YOUR ASSIGNMENT: Please count the lines of the data that contain "BIANCO" and state only the total.

DATA:
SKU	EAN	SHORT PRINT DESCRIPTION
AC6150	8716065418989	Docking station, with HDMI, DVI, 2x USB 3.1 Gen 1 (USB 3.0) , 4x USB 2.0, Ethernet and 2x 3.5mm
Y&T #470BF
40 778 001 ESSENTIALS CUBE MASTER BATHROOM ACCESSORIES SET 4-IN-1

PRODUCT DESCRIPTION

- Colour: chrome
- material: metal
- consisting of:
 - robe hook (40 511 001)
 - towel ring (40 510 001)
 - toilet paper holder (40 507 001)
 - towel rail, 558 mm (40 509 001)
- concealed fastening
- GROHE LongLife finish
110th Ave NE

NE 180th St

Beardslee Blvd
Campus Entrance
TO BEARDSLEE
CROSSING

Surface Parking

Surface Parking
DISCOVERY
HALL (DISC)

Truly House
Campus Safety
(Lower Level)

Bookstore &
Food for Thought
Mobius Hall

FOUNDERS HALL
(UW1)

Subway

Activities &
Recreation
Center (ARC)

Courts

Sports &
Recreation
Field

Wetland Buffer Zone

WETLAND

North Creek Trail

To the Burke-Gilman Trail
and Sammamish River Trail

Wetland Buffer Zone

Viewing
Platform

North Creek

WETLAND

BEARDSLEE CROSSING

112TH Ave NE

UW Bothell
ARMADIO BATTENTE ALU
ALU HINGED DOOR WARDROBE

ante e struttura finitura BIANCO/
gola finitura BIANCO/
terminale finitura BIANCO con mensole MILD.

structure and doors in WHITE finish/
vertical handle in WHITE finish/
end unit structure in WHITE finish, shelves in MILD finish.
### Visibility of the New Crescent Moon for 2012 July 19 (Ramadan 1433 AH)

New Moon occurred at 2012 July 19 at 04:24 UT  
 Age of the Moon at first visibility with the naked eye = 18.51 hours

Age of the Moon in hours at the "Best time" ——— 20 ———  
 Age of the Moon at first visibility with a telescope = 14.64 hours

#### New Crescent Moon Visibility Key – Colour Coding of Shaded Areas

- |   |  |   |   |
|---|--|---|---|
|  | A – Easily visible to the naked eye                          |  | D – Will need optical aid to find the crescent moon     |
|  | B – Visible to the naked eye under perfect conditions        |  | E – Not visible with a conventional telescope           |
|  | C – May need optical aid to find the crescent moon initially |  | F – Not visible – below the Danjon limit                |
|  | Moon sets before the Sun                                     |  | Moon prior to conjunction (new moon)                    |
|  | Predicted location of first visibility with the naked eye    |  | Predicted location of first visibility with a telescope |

---

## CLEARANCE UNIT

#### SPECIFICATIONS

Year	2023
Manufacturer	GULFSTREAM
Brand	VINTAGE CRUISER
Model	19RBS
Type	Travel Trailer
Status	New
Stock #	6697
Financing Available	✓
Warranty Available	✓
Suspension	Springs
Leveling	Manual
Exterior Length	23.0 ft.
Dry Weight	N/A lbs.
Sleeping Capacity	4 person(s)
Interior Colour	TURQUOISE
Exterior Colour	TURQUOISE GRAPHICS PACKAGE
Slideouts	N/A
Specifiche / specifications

==

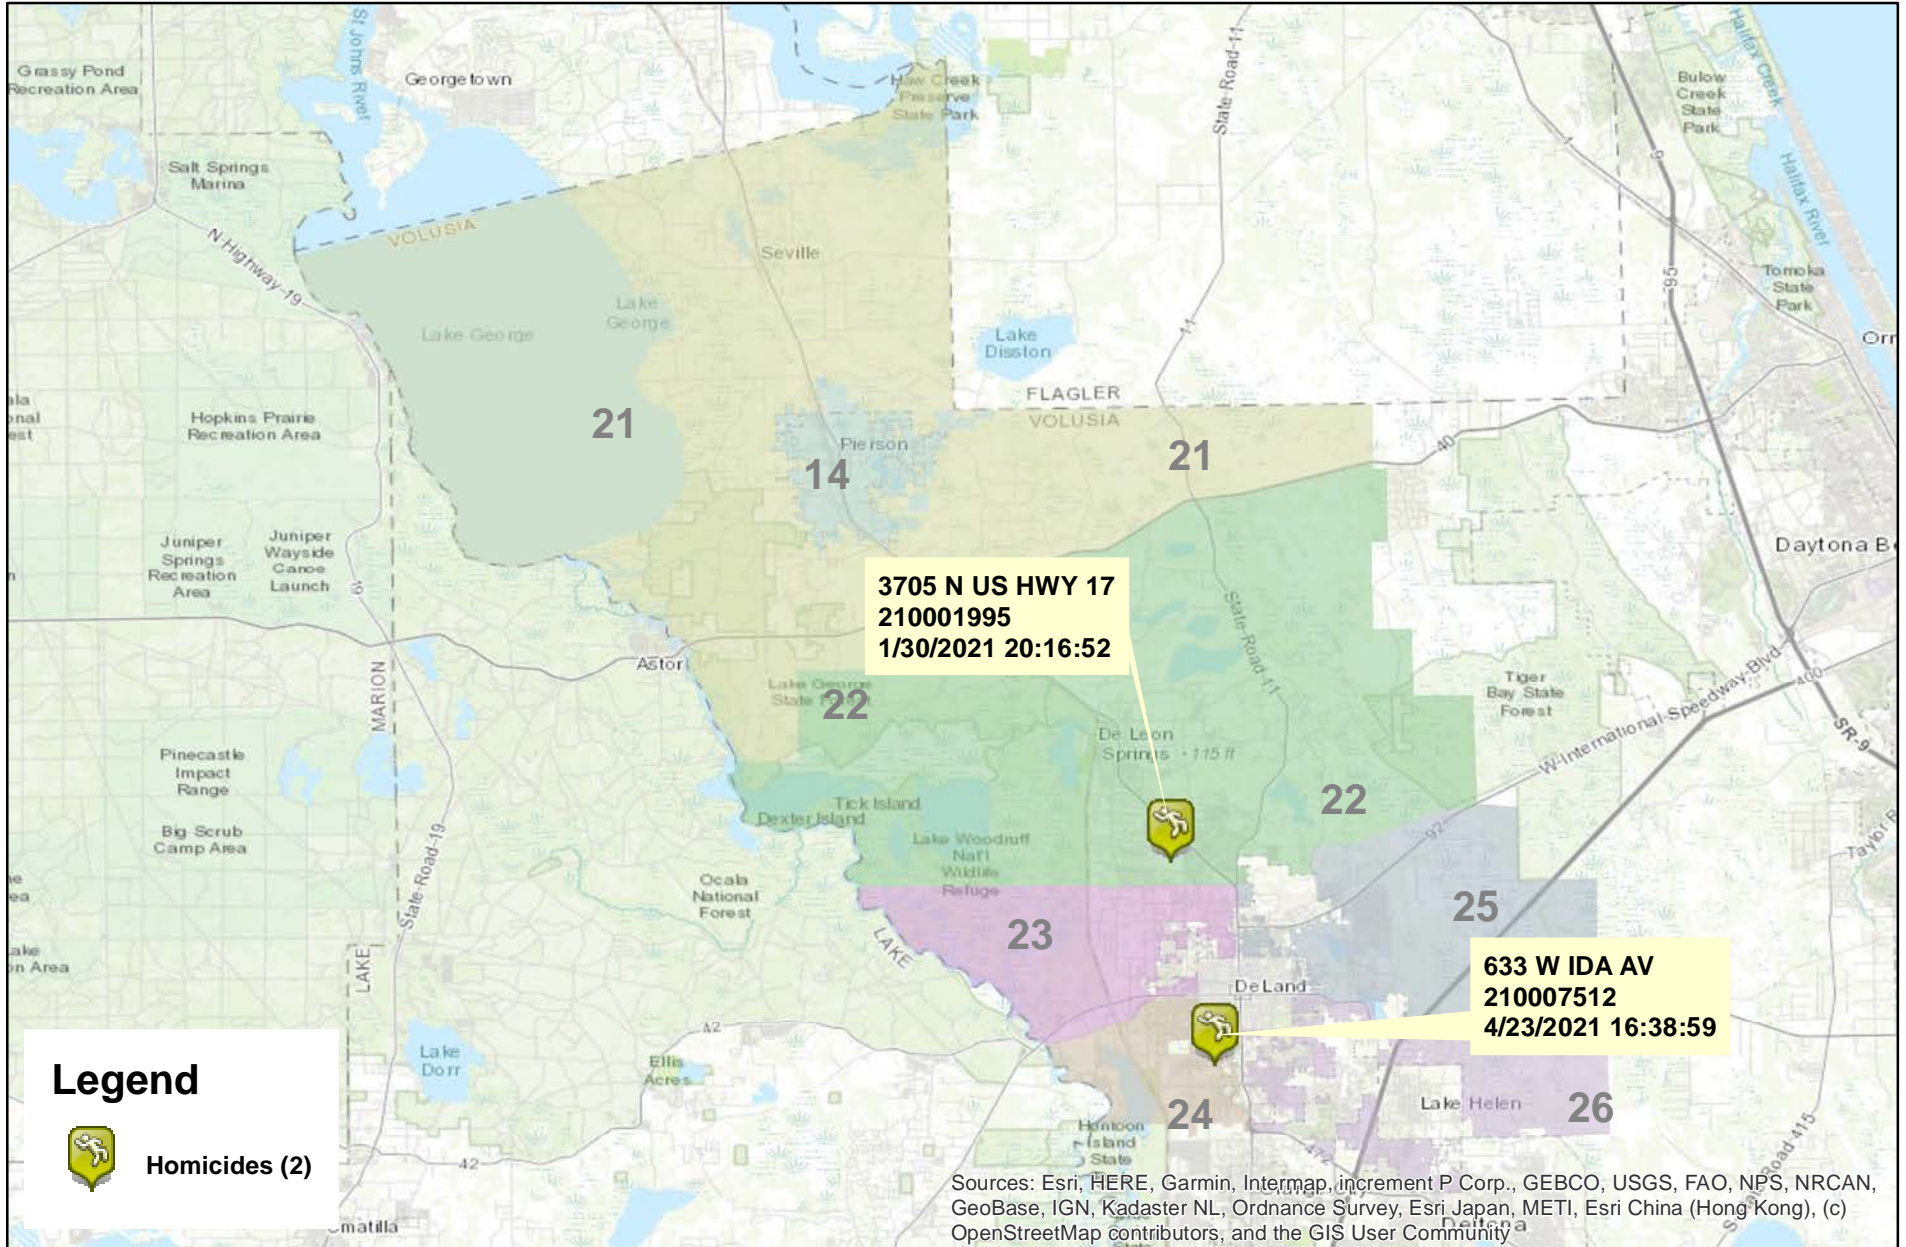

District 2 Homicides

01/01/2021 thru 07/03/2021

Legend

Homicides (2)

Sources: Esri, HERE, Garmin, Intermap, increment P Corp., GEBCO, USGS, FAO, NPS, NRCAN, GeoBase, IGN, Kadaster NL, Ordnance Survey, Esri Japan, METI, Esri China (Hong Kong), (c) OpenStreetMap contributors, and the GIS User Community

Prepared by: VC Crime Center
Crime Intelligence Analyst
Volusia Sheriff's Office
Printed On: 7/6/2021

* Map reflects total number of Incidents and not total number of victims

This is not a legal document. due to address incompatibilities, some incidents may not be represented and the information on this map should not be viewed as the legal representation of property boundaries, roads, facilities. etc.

RESPONSE TO THE TASK: 3